Jim, it may be a result of the Alpine's oddly shaped fenders, an optical illusion if you will.
I thought the S V was pretty close after re-assembly (to the eye) but Holy crap was I wrong!
Unfortunately with the front to rear tracking being different, the "string method" doesnt work too well.
I would suggest not worrying about the one with the rebuild scheduled, but on your other car, try to lay a straight edge off to the side of the car and then measure from the line to the front and back of each tire (a carpenters square works well. Once you get the straight edge square to the rear wheel then square the front wheel to the straight edge using the steering.
Then check the other side to see if the front is square to the rear without moving the steering wheel.
Kinda alot of BS but what i've come to notice is that even with BOTH front wheels tracking straight, if you "sight" one of the front wheels to what you think is straight ahead, the other wheel will look like it's already going around the corner. I think it is due to the way the fender is narrower in front than in back.
 
There is some amount of optical illusion with the fenders. I notice it if the tires aren't point straight ahead. The further either direction, the more it appears.
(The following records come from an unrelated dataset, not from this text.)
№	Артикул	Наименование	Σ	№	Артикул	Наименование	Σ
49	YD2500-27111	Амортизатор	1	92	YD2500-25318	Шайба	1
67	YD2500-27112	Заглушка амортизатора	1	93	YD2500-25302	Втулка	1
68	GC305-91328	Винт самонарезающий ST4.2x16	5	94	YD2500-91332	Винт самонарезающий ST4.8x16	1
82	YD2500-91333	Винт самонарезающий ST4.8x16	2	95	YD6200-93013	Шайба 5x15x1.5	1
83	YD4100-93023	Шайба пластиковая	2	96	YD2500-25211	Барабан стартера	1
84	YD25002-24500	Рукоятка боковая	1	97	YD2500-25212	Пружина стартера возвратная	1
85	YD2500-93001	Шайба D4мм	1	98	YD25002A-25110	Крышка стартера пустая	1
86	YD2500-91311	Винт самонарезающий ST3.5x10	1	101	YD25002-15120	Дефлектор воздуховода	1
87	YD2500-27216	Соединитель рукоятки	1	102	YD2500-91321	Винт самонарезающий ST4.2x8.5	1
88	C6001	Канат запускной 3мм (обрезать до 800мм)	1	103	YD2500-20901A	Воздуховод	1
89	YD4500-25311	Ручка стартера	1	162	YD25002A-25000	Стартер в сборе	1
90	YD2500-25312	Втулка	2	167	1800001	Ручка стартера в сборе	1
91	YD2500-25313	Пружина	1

But also remember that as they turn they won't point exactly the same as the turning circle will be different from inside to outside wheel.
 
Jim, I don't recall that improper toe will cause uneven tire wear.
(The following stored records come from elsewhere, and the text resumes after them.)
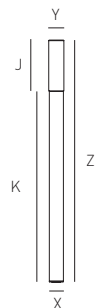

ADALPINA BEAM ANGLE | DIMENSIONS

Size	X (mm)	Y (mm)	Z (mm)	K (mm)	J (mm)	Kg
01	ø 83	ø 90	1350	1000	350	3,2
02	ø 83	ø 90	1850	1500	350	4,5
03	ø 83	ø 90	2350	2000	350	5,8

EM VERSION:
Z / J + 200 mm

Min and Max room temperature: -20°+45° C.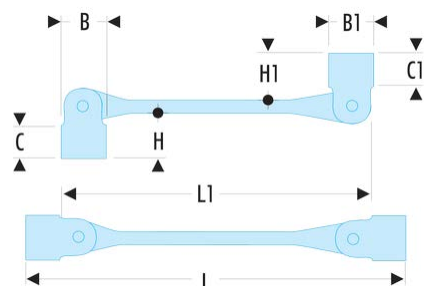

**66A.16X18 66A - Clés à douilles articulées métriques****Description :**

- Clés à douilles articulées : la douille est orientable à 180° pour une accessibilité maximum.
- La douille est maintenue en position grâce au freinage par ressort.
- Oeil 12 pans à profil OGV® pour un serrage puissant tout en protégeant l'écrou.
- Dimensions métriques : de 6 à 32 mm.
- Présentation : chromée satinée.

<b>A [mm]:</b>	16x18
<b>B x B1 [mm]:</b>	23,0 x 24,7
<b>C x C1 [mm]:</b>	23 x 24
<b>C1 [mm]:</b>	23
<b>H x H1 [mm]:</b>	35,0 x 36,0
<b>I [mm]:</b>	231
<b>L [mm]:</b>	281,0
<b>L1 [mm]:</b>	231
<b>[g]:</b>	330

A quick and dirty method of checking toe is to set a carpenters square against the ouside edge of the tire at the tread and put a mark on the floor at the inside edge of the square. Do this at the front and rear of each tire on both sides of the car. Move the car out of the way and measure and compare the distance between the marks. The front marks should be about 1/8" closer together than the rear ones. Don't know of anyway to get a reasonable idea by measuring directly without some special made equipment.

Bill
 
The front marks should be about 1/8" closer together than the rear ones. Don't know of anyway to get a reasonable idea by measuring directly without some special made equipment.

Bill

With two carpenter squares you can get pretty close. I just completed this on mine to get things close enough so that I can drive it down to the alignment shop once the new wheels arrive.
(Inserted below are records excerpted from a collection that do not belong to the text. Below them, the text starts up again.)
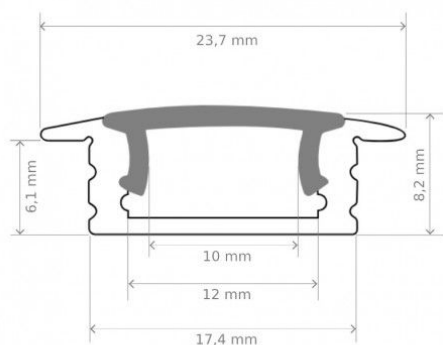

Profilé aluminium encastrable pour ruban LED - E03 - CRAFT

5 ans

Profilé ruban LED en aluminium. Encastrable.

23,7 mm x 8,2 mm - Compatible avec les rubans jusqu'à 12 mm de large.

Les plus du produit :

- Qualité premium ;
- Encastrable sur tout support (plâtre, bois, carrelage, etc.) ;
- Embouts adaptés inclus.

Ce modèle est adapté à une installation en intérieur, au plafond, au sol, au mur mais aussi dans une vitrine, placard, mobilier, etc. Sa faible épaisseur le rend encastrable sur tout type de support.

Le profilé est livré avec un diffuseur et un jeu d'embouts de finition.

- Un profilé
- Un diffuseur
- Une paire d'embouts de finition (par mètre)

MODÈLES DISPONIBLES :

Options	Référence
Diffuseur Transparent - Longueur du profilé 2,95 m	PR-E03-A2507-2.95M-T
Diffuseur Transparent - Longueur du profilé 1 m	PR-E03-A2507-1M-T
Diffuseur Transparent - Longueur du profilé 2 m	PR-E03-A2507-2M-T
Diffuseur Givré - Longueur du profilé 1 m	PR-E03-A2507-1M-G
Diffuseur Givré - Longueur du profilé 2 m	PR-E03-A2507-2M-G
Diffuseur Givré - Longueur du profilé 2,95 m	PR-E03-A2507-2.95M-G

CARACTÉRISTIQUES :

Matière / Finition	Aluminium
Longueur (en mm)	de 1m à 2,95m (suivant modèle)
Largeur (en mm)	24 mm
Hauteur (en mm)	8 mm
Profilé pour usage	Encastrement
Largeur de ruban maximum (en mm)	12
Hauteur de ruban maximum (en mm)	6
Garantie	5 ans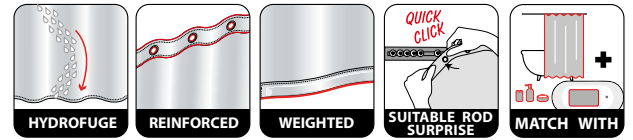

▪ Made in Europe 

- black
- 120x200 cm **10.20611**
- 180x180 cm **10.20612**
- 180x200 cm **10.20613**
- 240x180 cm **10.20614**

PEER

 100% POLYESTER

▪ Made in Europe 

- white
- 120x200 cm **10.20616**
- 180x180 cm **10.20617**
- 180x200 cm **10.20618**
- 240x180 cm **10.20619**

I first put a 4x4 block next to the outside of each tire, then placed the square on top. Raising the squares up like this meant they were indexing off of a wider part of the tire rather than just a narrow area down next to the floor. Then I just measured from one square to the other, in front of and in back of the tire and adjusted things to the 1/8" toe-in.

On Easter, when my Sunbeam was finally resurrected after 10 long years of restoration, I hadn't performed this check. A visually alignment proved not to do the trick, as things were so far out of wack that I left a trail of rubber as I took the car a block down the steet and back. Turns out my initial visual adjustment was off by 2". After adjusting things with the dual-square method, I enjoyed a full half hour of zipping around the neighborhood without any noticeable alignment issues.

Andy
 
The carpenter square will get you close.
I used one of those laser levels that was an early one which attached to an ordinary level. I duct taped it to the rear wheels at center and level.The laser beam made it easy to align very close to straight. I also got the castor close enough with a level..I was good on one side and just off on the other.My friend who owns a big shop thought it was a good idea as I was that close.He had a very special front end man who did a lot of club cars but only Tuesday and Wednesdays as that was his special car days..He was an extreme perfectionist and would not look at the clock.Sometimes he made my friend mad at the time he would take.He has done all my cars. Alas he decided to go elsewhere even though my friend offered him more money.